Der Nationale Ethikrat hat am Mittwoch seine Stellungnahme zum Thema Polkörperdiagnostik vorgelegt. Er sieht demnach gegenwärtig keine Notwendigkeit besonderer gesetzlicher Vorschriften in diesem Bereich, hält jedoch an seiner Empfehlung an den Gesetzgeber fest, den Gesamtbereich der Fortpflanzungsmedizin in einem Fortpflanzungsmedizingesetz zu regeln.

Bereits in seiner Stellungnahme "Genetische Diagnostik vor und während der Schwangerschaft" (2003) hat der Ethikrat die Möglichkeiten und Grenzen der Polkörperdiagnostik dargestellt und sie im Zusammenhang mit der Präimplantationsdiagnostik ethisch und rechtlich bewertet.

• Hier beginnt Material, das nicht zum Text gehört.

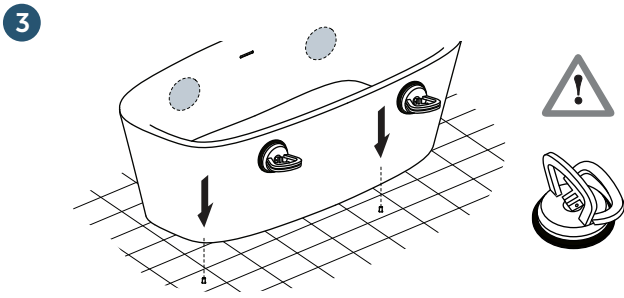

# DEA / VARA

Freestanding bathtub

Installation - Installazione - Installation - Montage - Instalación - Montering - Монтаж  
 Montáž - Paigaldamine - Εγκατάσταση - Beszerelés - Montavimas - Montāža - Instalare  
 Инсталација - Montaž - Установка - Montaža - Montáž - Montaj - Інсталяція

1

Dea/ Vara Freestanding	A	B
170x75	100	600
180x80	125	600
190x90	175	600

b

2

Ideal Standard International NV  
Corporate Village – Gent Building  
Da Vincilaan 2  
B1935 – Zaventem  
Belgium

BE +32 (0)2 325 66 33  
BG +359 675 30362  
DE +49 (0)228 521 580  
EG +202 26969700  
FR +33 (0)1 49 38 28 00  
GB 0870 129 6085  
GR +30 210 67 90 810  
HR +38591 22 99 304
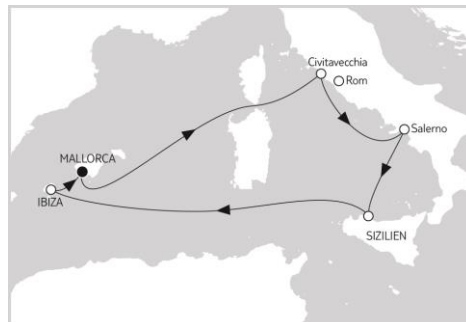

MITTELMEER MIT PALERMO

Mein Schiff 2

11.09. – 18.09.2022

7 Nächte

ab CHF 720.-*

**JETZT
BUCHEN**

Mein Schiff®
**INKLUSIV-
LEISTUNGEN
IN JEDEM
TARIF****

Buchbar ab Donnerstag, 02.06.2022 bis Dienstag, 07.06.2022.

* Preis p. P. im PUR-Tarif (limitiertes Kontingent) bei 2er-Belegung einer Innenkabine ab/bis Hafen. An-/Abreise nach Verfügbarkeit zubuchbar. | Die angegebenen Preise in Schweizer Franken (CHF) sind Referenzpreise. Sie beruhen auf dem Wechselkurs von EUR zu CHF 1,03 (Stand 30.05.2022). Der tatsächlich zu bezahlende Preis in CHF hängt vom jeweiligen Tageswechselkurs der Banken sowie von eventuell anfallenden Gebühren ab. | ** Enthalten sind ganztätig in den meisten Bars und Restaurants ein vielfältiges kulinarisches Angebot und Markengetränke in Premium-Qualität sowie Zutritt zum Bereich SPA & Sport, Entertainment und Kinderbetreuung. | Test- und Impfinformationen finden Sie unter www.meinschiff.com/leinen-los/logbuch/covid-19-test | TUI Cruises GmbH · Heidenkampsweg 58 · 20097 Hamburg · Deutschland | Stand: 02.06.2022
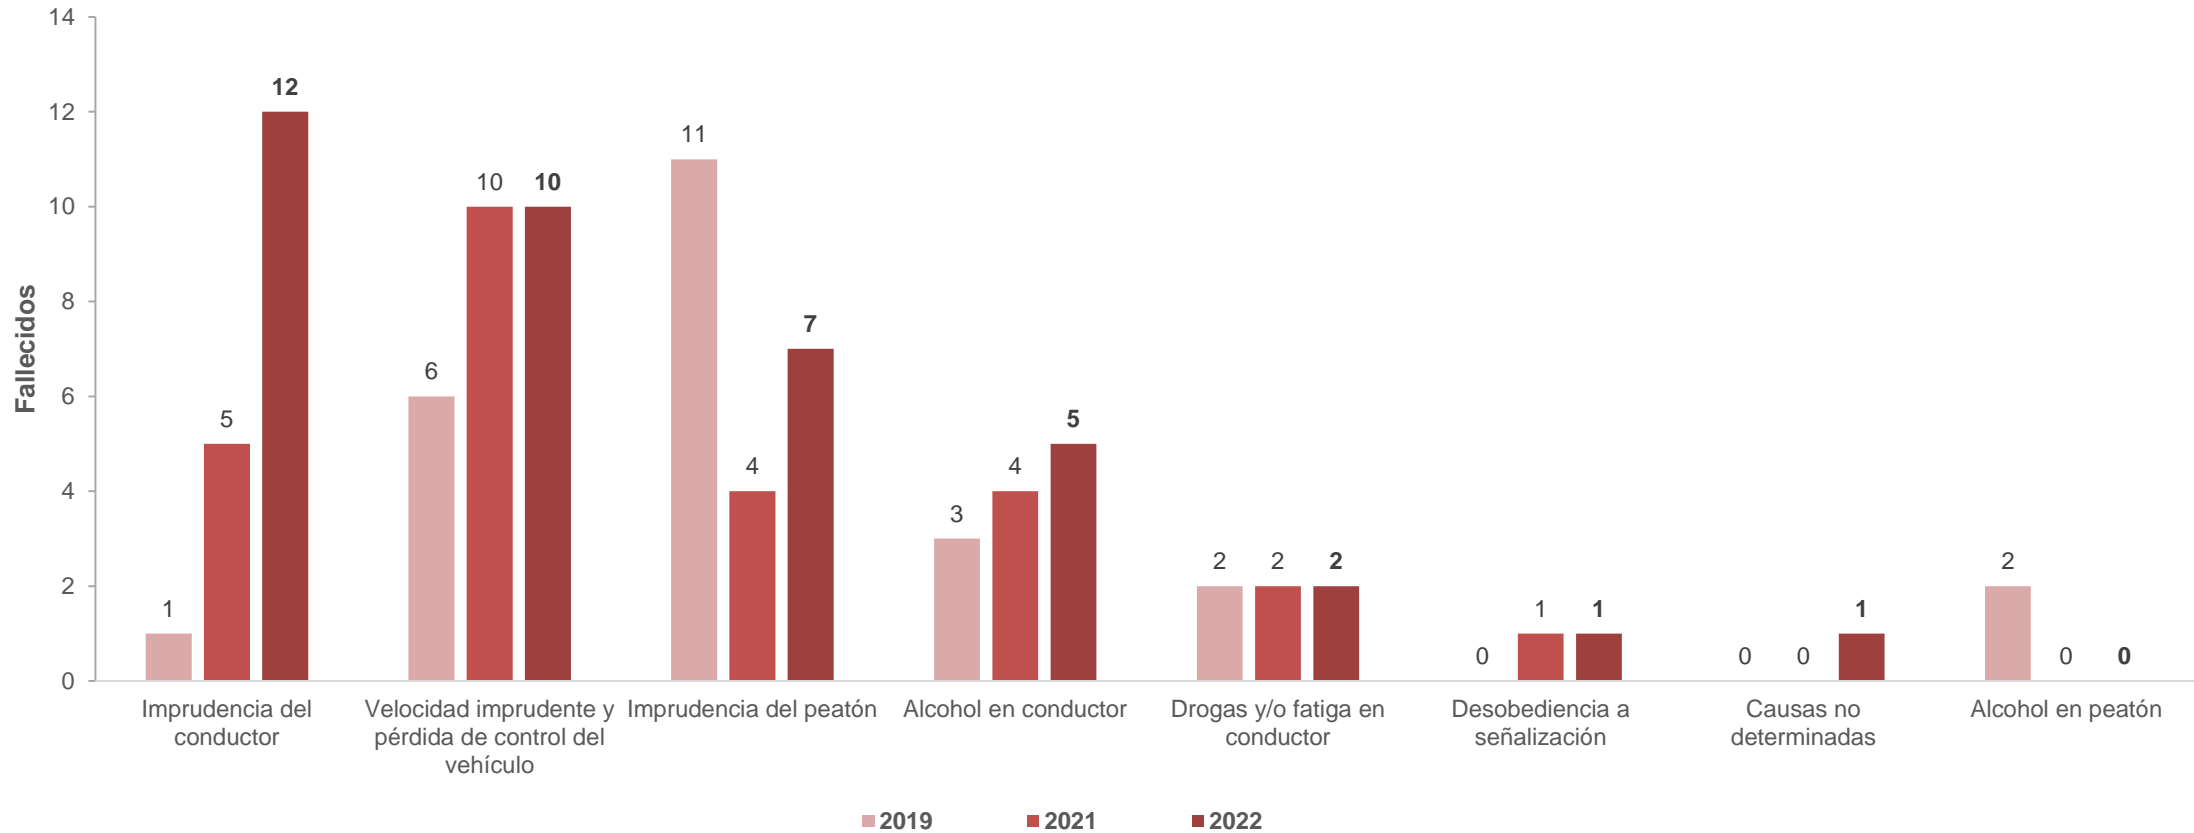

Elaboración: CONASET

Fallecidos: Sólo hasta las 48 horas de ocurrido el siniestro.

Fiestas Patrias 2022

Fallecidos según causa

Fiestas Patrias 2022

Fuente: Carabineros de Chile

Elaboración: CONASET

Fallecidos: Sólo hasta las 48 horas de ocurrido el siniestro.

Fallecidos según causa

Fiestas Patrias 2019-2021-2022

Fuente: Carabineros de Chile

Elaboración: CONASET

Fallecidos: Sólo hasta las 48 horas de ocurrido el siniestro.

Fallecidos según tipo de siniestro y calidad de participante
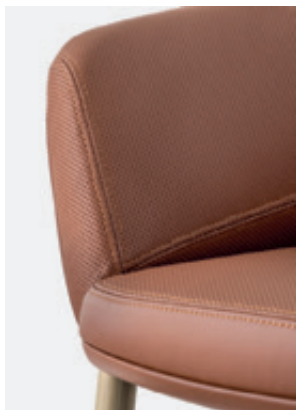

Barstool Sgabello
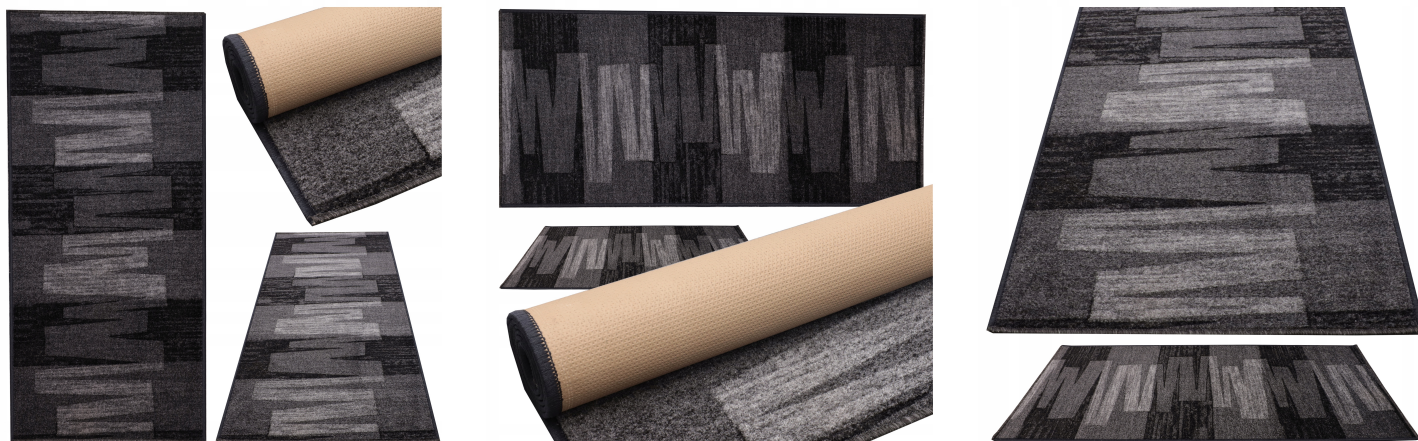

CHODNIK DO PRZEDPOKOJU ANTYPOŚLIZGOWY WELUROWY DYWAN SPÓD NA ŻELU 67x100cm

Galeria Produktu

Opis Produktu

WYMIAR 67 x 100CM – uniwersalny rozmiar idealny pod stół, do przedpokoju czy salonu

ANTYPOŚLIZGOWY SPÓD NA ŻELU – specjalna warstwa żelowa zapewnia stabilność, dzięki czemu dywan nie przesuwają się nawet na śliskich powierzchniach

MIĘKKI I PRZYJEMNY W DOTYKU WELUR – runo z wysokiej jakości poliestru gwarantuje wyjątkowy komfort użytkowania i estetyczny wygląd

TRWAŁOŚĆ KOLORU I ODPORNOŚĆ NA ŚCIERANIE – nowoczesna przędza zachowuje intensywność barw na długo, nawet przy codziennym użytkowaniu

ANTYELEKTROSTATYCZNA POWIERZCHNIA – nie przyciąga kurzu i sierści, co czyni go idealnym wyborem dla alergików i właścicieli zwierząt

ŁATWOŚĆ W CZYSZCZENIU I UTRZYMANIU – niskie runo ułatwia odkurzanie, a plamy można łatwo usunąć wilgotną ściereczką

Specyfikacja:

Marka: Allvo Wzór: Veneto Grey Wymiary: 67 x 100cm Skład runa: 100% poliestru

Grubość: ok. 7mm Zwijany w rolkę: TAK Obszycie krawędzi: TAK, na całym obwodzie
Nadaje się na: ogrzewanie podłogowe Spód: żel antypoślizgowy Waga: 1kg
Zastrzegamy sobie różnicę wymiarów +/-3%
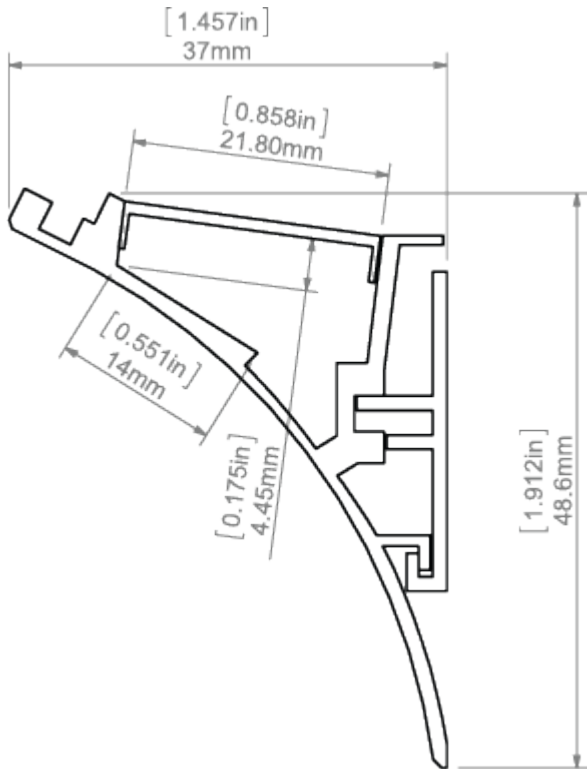

TECHNISCHE ZEICHNUNG
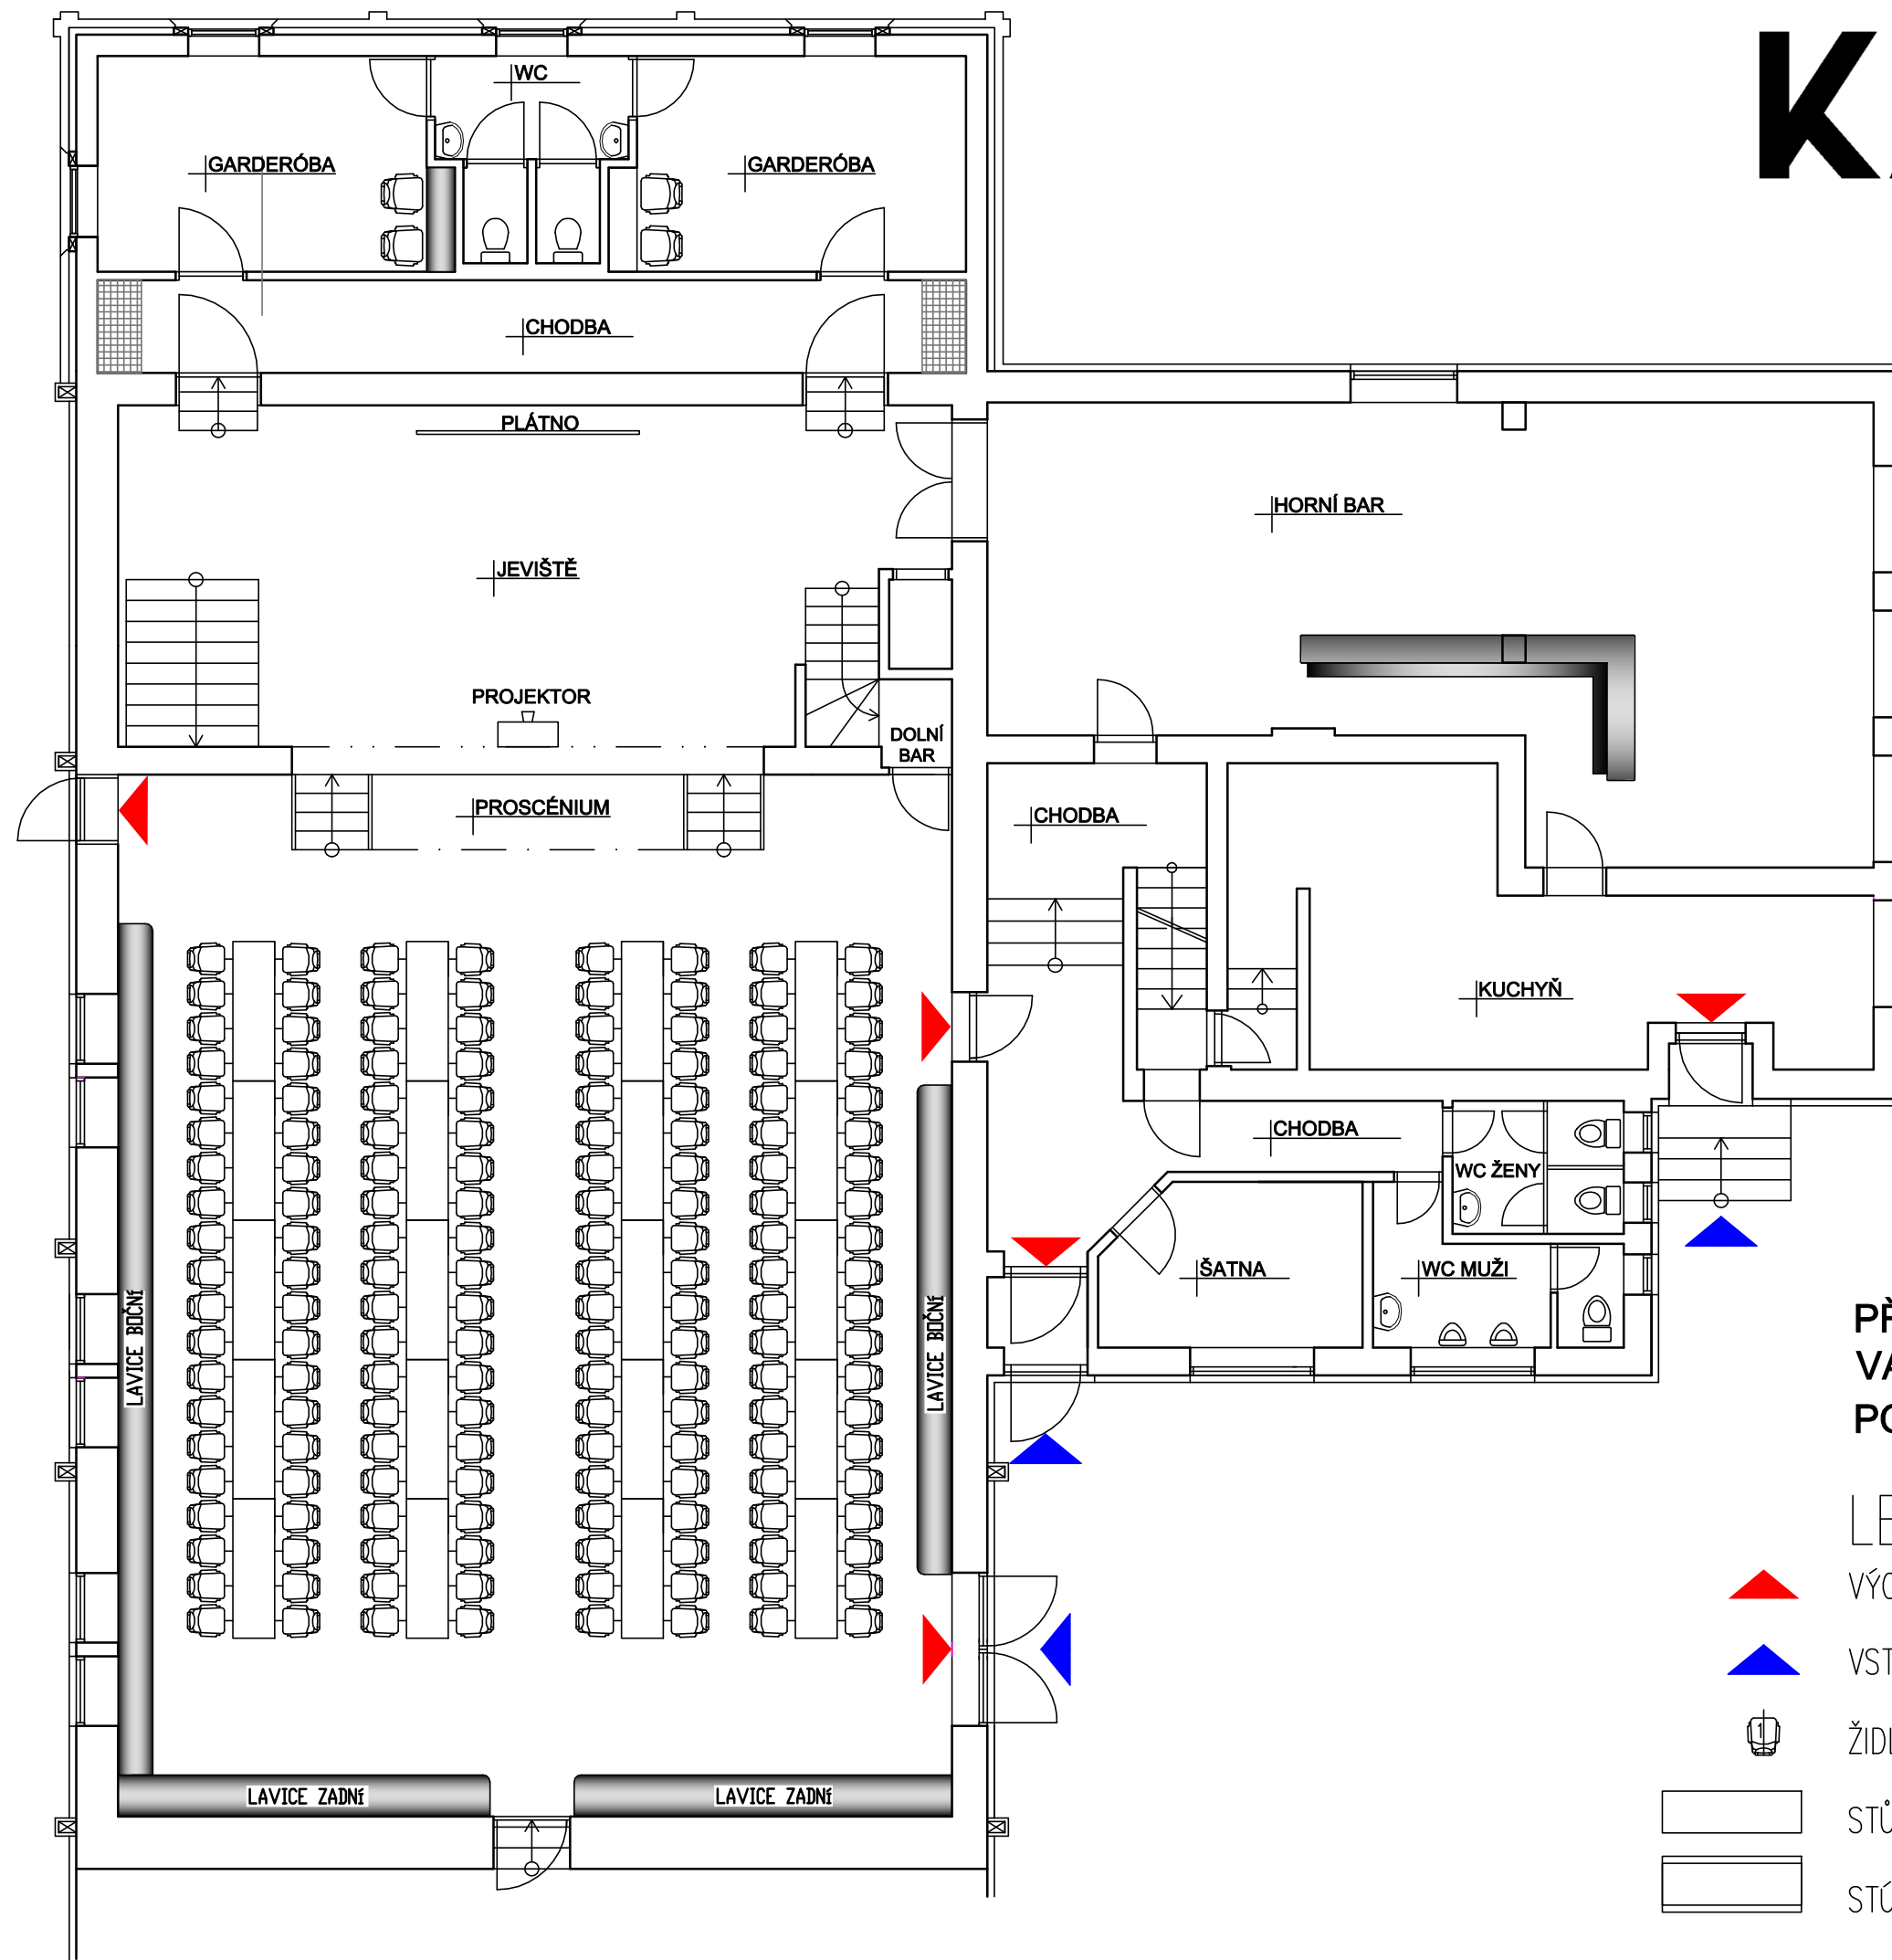

## LEGENDA

-  VÝCHOD Z OBJEKTU (EVAKUAČNÍ)
-  VSTUP DO OBJEKTU

**PŘÍKLAD USPOŘÁDÁNÍ SÁLU**  
**VARIANTA: DIVADLO / PRELEKCE / FILM**  
**POČET MÍST: 225 (max)**

### LEGENDA

-  VÝCHOD Z OBJEKTU (EVAKUAČNÍ)
-  VSTUP DO OBJEKTU
-  ŽIDLE – VARIANTA USPOŘÁDÁNÍ NA 225 MÍST
-  OMEZENÍ VIDITELNOSTI JEVIŠTĚ

**PŘÍKLAD USPOŘÁDÁNÍ SÁLU**  
**VARIANTA: SVATBA / AKCE / BAL**  
**POČET MÍST: 160 (max)**

### LEGENDA

 VÝCHOD Z OBJEKTU (EVAKUAČNÍ)

 VSTUP DO OBJEKTU

 ŽIDLE – VARIANTA USPOŘÁDÁNÍ NA 160 MÍST

 STŮL 2000X600

 STŮL 2000X800

**PŘÍKLAD USPOŘÁDÁNÍ SÁLU**  
**VARIANTA: SVATBA / AKCE / BAL**  
**POČET MÍST: 160 (max)**

### LEGENDA

 VÝCHOD Z OBIKTU (EVAKUAČNÍ)

 VSTUP DO OBIKTU

 ŽIDLE – VARIANTA USPOŘÁDÁNÍ NA 100 MÍST

 STŮL 2000X600

 STŮL 2000X800

**PŘÍKLAD USPOŘÁDÁNÍ SÁLU**  
**VARIANTA: SVATBA / AKCE / BAL**  
**POČET MÍST: 160 (max)**

Die Polkörperdiagnostik gilt in Deutschland als erlaubt und wird auch durchgeführt, weil die Untersuchungen an der Eizelle während des so genannten Vorkernstadiums vorgenommen werden, das heißt, bevor ein Embryo im Sinne des Embryonenschutzgesetzes entstanden ist. Vor diesem Hintergrund hat der Nationale Ethikrat am 19. Februar 2004 Sachverständige angehört, um sich über die weitere Entwicklung der Technik, ihre Einsatzmöglichkeiten im Rahmen fortpflanzungsmedizinischer Behandlungen und ihre Anwendung unter den Bedingungen des Embryonenschutzgesetzes zu informieren.

Der Ethikrat begrüßt die Initiative der die Polkörperdiagnostik durchführenden Einrichtungen, diese Untersuchungsmethode nur im Rahmen einer gemeinsamen wissenschaftlichen Erhebung einzusetzen.